| Activity |
The answer must be every line from the entries below that includes "eosliving".

───── Extracted records ─────

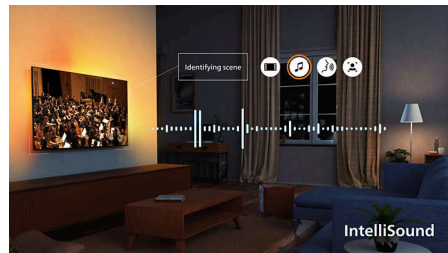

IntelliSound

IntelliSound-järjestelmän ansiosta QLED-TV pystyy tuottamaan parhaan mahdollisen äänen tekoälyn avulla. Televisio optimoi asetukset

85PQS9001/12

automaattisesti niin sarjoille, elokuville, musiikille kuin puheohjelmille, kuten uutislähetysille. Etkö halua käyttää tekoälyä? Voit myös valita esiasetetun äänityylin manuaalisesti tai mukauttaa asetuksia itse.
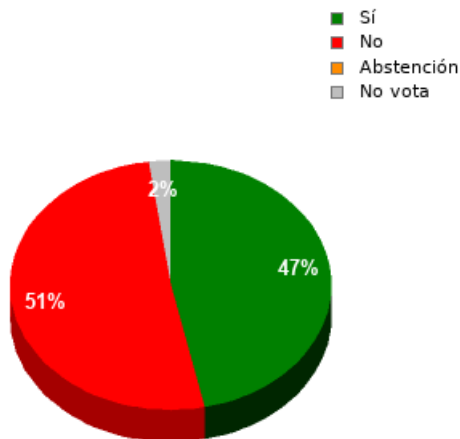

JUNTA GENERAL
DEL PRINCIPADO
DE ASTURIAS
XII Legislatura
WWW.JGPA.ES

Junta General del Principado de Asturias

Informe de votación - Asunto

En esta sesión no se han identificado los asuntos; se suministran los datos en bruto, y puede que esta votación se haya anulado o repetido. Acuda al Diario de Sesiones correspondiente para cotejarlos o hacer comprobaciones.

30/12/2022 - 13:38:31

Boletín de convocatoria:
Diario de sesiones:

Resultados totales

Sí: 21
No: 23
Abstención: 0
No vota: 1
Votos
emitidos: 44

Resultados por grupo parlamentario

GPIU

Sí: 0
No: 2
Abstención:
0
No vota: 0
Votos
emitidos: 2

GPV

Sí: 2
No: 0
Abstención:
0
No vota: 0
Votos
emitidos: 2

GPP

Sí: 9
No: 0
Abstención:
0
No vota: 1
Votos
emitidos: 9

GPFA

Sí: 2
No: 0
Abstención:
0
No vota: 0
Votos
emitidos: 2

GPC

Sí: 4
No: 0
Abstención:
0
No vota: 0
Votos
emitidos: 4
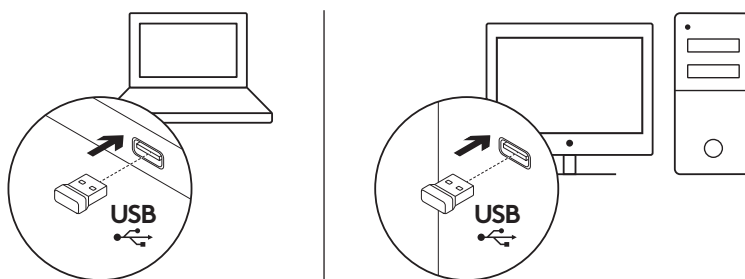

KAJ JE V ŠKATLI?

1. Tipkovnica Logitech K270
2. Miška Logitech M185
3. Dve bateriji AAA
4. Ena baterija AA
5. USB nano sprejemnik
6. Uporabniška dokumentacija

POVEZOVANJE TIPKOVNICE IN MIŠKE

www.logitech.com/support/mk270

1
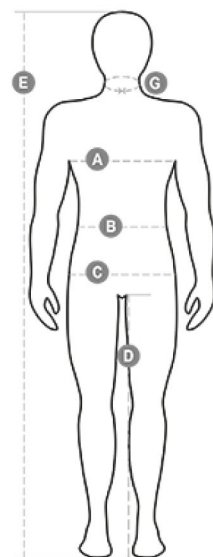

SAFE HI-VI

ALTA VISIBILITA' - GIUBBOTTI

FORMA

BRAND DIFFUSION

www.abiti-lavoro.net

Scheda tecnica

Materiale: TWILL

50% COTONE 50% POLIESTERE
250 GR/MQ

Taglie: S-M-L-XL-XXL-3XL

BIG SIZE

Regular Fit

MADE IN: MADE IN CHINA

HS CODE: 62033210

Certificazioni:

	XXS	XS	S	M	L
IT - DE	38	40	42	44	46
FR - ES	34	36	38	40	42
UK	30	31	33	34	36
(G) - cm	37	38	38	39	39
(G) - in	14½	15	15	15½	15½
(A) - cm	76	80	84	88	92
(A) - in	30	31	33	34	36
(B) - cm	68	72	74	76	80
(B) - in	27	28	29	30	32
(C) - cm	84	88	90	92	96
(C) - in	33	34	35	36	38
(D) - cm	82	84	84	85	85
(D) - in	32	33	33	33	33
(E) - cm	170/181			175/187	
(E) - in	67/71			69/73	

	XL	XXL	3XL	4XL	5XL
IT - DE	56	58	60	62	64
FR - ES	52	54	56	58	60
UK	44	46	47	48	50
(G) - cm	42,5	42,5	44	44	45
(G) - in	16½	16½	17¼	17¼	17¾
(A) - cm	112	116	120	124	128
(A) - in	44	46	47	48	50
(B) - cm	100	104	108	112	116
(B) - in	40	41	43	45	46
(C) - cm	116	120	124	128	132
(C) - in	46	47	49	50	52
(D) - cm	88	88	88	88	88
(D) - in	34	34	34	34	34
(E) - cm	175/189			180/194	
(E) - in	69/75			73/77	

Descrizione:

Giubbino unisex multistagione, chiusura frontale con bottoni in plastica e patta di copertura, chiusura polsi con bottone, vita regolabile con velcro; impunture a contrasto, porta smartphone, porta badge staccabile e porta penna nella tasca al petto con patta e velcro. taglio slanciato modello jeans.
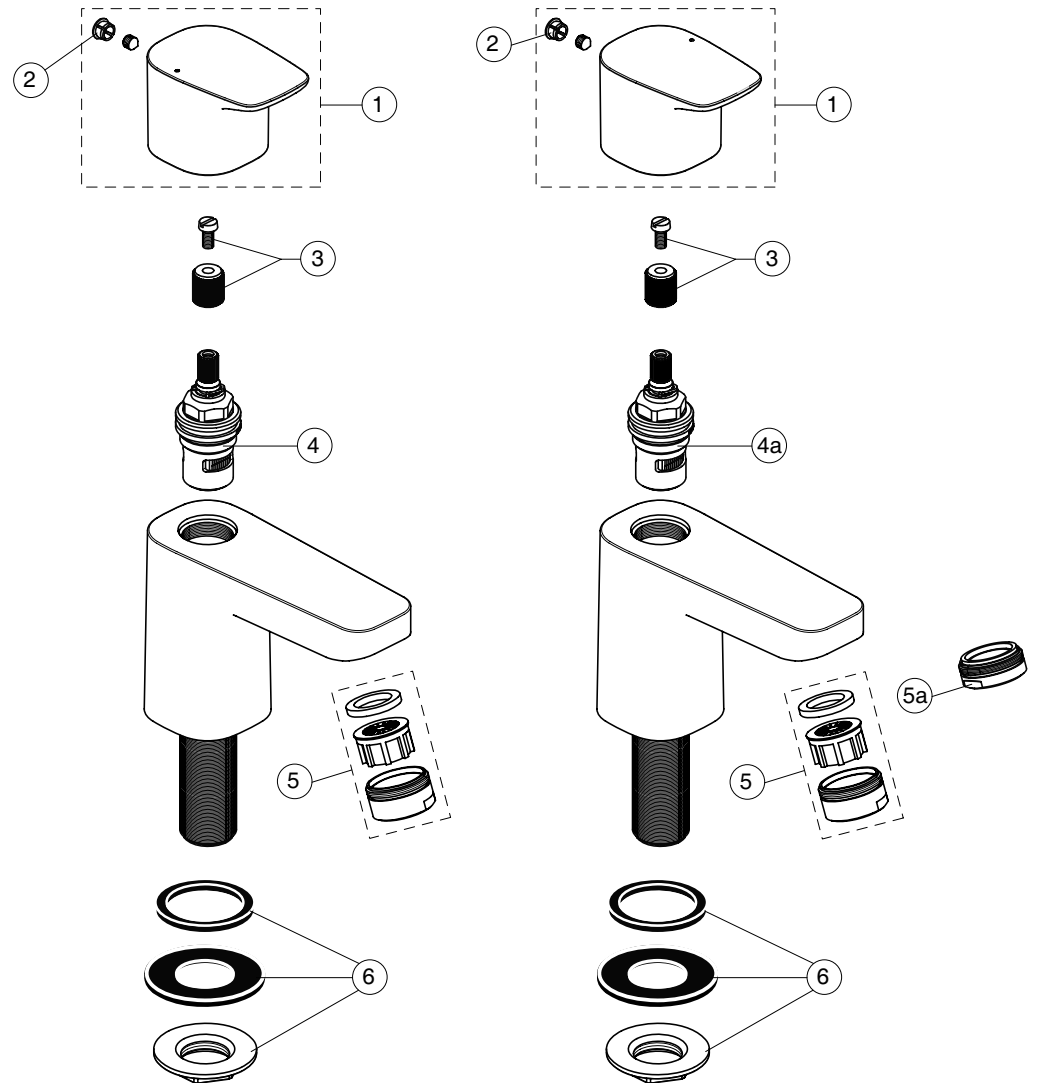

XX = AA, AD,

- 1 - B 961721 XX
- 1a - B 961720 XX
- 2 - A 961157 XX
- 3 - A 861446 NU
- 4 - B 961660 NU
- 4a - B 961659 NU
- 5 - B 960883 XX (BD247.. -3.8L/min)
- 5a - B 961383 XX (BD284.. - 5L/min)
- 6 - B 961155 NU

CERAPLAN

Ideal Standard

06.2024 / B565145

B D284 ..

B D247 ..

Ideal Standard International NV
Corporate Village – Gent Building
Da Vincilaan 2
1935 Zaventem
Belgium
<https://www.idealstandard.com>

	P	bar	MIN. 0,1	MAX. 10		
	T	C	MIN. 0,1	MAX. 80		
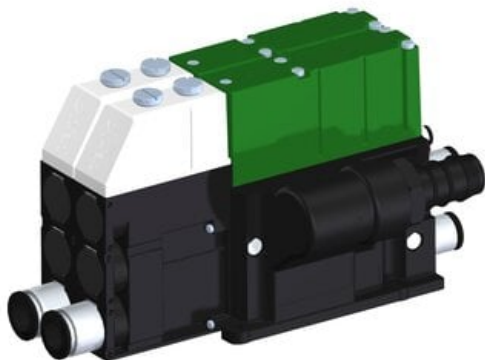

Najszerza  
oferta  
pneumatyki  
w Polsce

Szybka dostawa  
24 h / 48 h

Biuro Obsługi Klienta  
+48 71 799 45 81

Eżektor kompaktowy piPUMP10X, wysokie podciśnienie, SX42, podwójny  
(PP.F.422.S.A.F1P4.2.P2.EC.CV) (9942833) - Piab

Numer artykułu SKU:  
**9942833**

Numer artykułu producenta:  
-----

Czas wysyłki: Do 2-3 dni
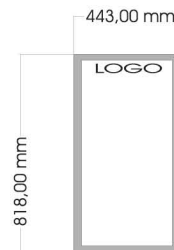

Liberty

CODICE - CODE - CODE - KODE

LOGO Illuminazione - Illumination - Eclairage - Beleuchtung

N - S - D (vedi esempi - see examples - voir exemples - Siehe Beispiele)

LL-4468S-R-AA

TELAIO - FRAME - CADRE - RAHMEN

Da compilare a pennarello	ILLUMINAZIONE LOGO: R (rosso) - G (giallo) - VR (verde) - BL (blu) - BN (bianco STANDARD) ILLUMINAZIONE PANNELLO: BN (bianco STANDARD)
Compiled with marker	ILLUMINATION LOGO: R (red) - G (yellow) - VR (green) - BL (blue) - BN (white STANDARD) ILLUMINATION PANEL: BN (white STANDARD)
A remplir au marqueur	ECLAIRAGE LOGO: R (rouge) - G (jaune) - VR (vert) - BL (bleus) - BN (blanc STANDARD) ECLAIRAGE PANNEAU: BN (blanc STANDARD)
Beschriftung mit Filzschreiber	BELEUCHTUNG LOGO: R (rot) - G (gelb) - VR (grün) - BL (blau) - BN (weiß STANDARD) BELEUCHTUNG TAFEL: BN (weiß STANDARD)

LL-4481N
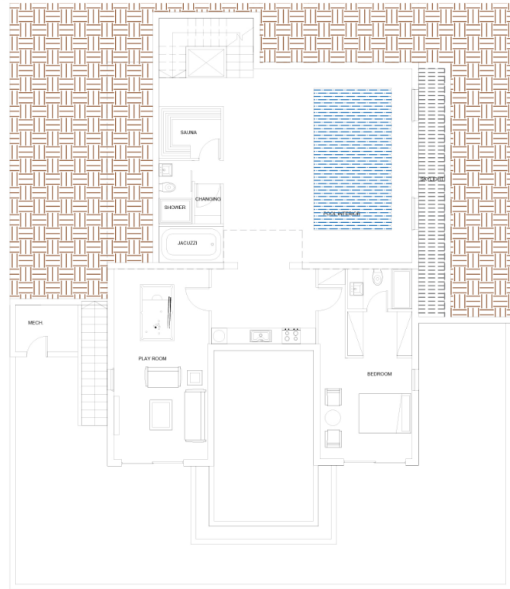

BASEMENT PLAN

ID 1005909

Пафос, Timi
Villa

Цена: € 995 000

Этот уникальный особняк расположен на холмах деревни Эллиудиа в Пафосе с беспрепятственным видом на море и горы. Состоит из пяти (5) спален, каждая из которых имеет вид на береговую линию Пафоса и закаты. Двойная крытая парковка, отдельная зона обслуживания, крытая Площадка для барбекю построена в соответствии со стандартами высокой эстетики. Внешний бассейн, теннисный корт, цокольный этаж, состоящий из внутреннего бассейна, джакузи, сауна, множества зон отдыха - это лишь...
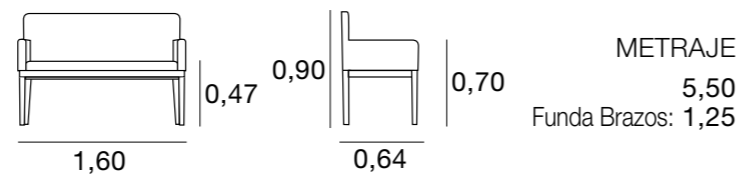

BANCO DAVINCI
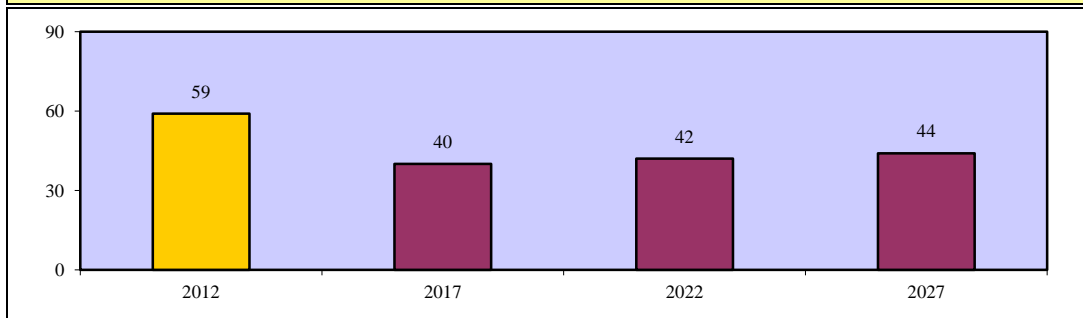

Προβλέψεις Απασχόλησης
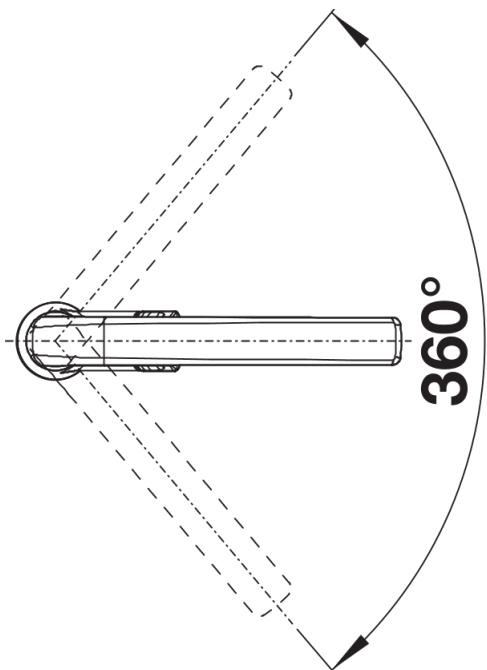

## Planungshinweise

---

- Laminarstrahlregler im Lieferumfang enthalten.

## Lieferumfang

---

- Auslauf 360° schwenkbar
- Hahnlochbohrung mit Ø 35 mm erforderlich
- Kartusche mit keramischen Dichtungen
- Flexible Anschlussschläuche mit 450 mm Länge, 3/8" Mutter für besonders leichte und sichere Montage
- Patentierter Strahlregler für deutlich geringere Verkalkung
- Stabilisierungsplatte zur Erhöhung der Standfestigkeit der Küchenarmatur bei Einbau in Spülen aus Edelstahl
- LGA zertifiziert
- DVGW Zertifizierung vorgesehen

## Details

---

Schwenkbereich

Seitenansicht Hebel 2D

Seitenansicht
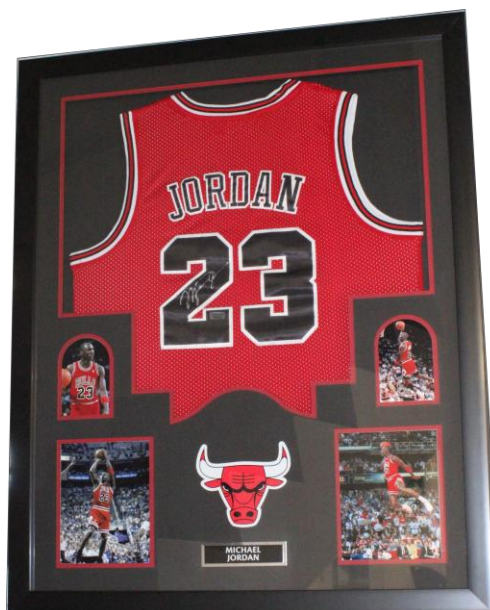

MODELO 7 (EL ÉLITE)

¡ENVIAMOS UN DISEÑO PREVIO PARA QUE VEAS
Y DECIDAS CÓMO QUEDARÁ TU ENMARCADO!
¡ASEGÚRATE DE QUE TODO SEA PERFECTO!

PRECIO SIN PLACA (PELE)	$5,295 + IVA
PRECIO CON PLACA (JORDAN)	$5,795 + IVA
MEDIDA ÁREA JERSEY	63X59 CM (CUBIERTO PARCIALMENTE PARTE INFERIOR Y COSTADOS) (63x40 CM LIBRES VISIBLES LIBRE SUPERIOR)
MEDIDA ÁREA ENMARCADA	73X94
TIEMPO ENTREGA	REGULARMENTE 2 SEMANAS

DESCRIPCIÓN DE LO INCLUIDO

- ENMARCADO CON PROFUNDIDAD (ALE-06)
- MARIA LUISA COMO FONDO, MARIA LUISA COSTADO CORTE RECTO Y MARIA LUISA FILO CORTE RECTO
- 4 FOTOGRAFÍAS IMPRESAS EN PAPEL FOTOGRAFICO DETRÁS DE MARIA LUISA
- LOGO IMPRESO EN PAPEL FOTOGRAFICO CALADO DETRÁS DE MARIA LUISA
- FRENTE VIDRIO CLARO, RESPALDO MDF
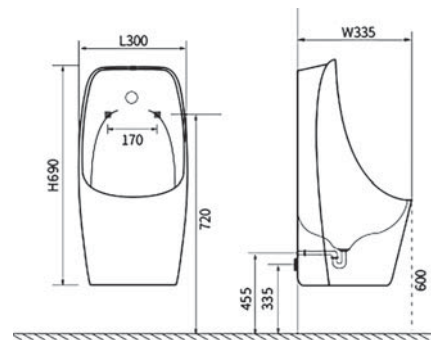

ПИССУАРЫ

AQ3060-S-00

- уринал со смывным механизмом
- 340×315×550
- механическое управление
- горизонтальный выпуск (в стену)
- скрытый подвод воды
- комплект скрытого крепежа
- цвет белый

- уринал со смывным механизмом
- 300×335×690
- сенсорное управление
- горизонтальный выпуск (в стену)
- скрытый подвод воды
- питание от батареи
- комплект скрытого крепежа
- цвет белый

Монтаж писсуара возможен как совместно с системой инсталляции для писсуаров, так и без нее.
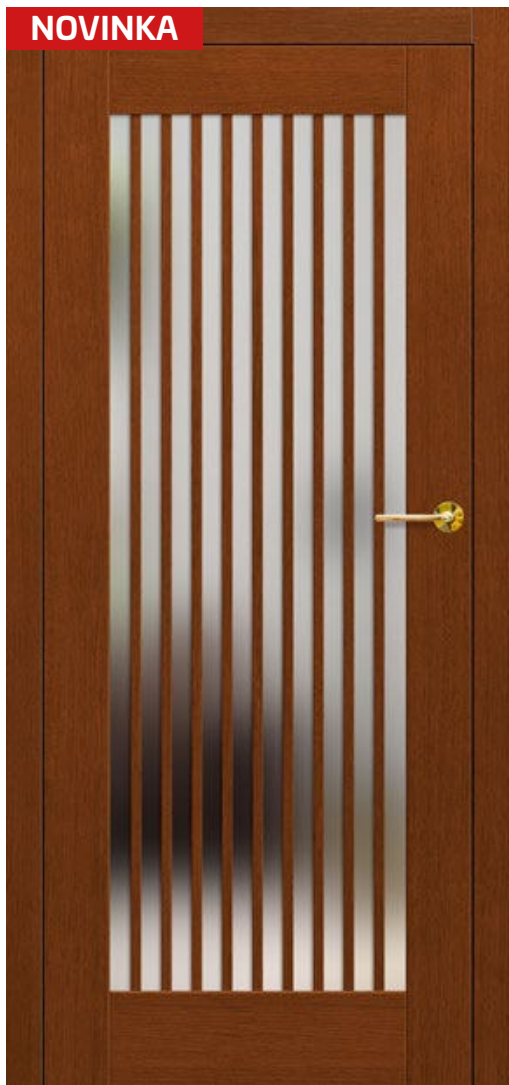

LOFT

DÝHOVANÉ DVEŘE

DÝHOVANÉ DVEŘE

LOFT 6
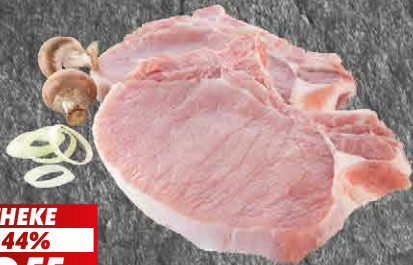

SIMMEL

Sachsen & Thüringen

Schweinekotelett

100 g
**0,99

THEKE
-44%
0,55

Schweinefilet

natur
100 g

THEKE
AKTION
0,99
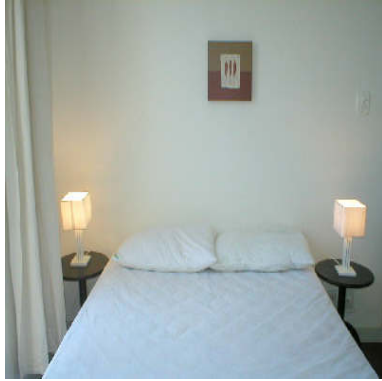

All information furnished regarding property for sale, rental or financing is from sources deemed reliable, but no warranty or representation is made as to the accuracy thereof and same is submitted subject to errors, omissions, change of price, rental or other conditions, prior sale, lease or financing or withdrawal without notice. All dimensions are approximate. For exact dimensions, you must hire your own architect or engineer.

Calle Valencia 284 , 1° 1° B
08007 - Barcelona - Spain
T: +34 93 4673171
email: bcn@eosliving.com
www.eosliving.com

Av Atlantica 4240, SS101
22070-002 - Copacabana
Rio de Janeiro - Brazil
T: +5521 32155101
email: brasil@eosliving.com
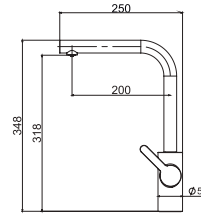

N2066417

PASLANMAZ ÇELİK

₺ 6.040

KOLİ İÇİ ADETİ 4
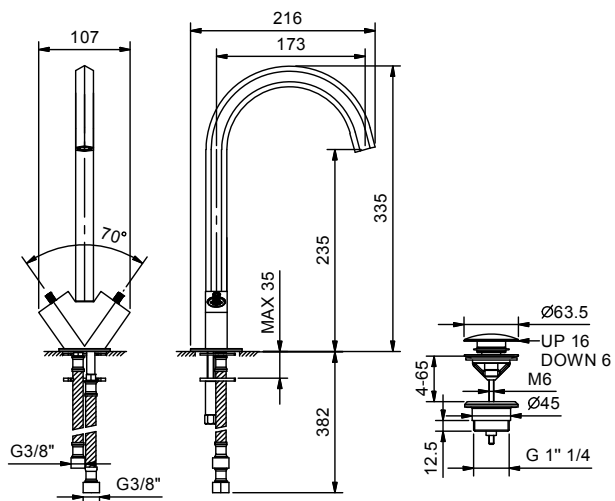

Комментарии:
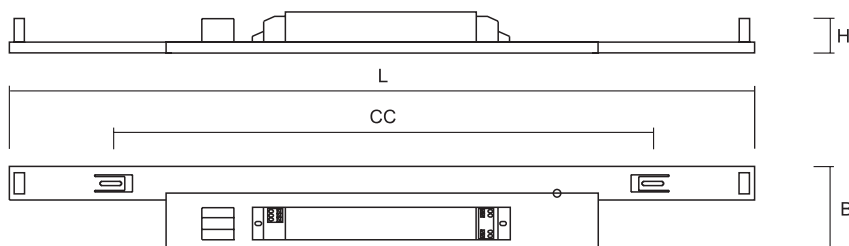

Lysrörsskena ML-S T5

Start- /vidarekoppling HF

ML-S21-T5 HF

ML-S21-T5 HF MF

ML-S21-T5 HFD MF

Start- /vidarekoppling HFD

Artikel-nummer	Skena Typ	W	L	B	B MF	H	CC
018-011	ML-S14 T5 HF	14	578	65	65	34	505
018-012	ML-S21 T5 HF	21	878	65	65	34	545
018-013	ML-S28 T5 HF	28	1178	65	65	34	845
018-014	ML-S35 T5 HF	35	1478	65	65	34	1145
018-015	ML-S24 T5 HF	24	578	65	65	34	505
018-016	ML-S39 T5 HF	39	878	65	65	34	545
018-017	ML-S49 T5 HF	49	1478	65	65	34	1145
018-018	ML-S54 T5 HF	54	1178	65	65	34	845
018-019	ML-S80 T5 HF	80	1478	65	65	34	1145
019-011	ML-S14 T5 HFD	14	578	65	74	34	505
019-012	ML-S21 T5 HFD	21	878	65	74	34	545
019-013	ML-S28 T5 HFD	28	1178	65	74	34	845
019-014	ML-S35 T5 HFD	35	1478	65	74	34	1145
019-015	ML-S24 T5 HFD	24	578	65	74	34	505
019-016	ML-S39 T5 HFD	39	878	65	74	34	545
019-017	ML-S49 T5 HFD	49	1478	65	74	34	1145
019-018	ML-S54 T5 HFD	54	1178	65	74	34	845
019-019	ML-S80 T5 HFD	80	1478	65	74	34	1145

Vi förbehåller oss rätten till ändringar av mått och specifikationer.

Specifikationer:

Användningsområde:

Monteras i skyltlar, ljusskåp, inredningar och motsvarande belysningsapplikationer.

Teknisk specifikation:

─────

| Exercise result |
email: bcn@eosliving.com
www.eosliving.com
email: brasil@eosliving.com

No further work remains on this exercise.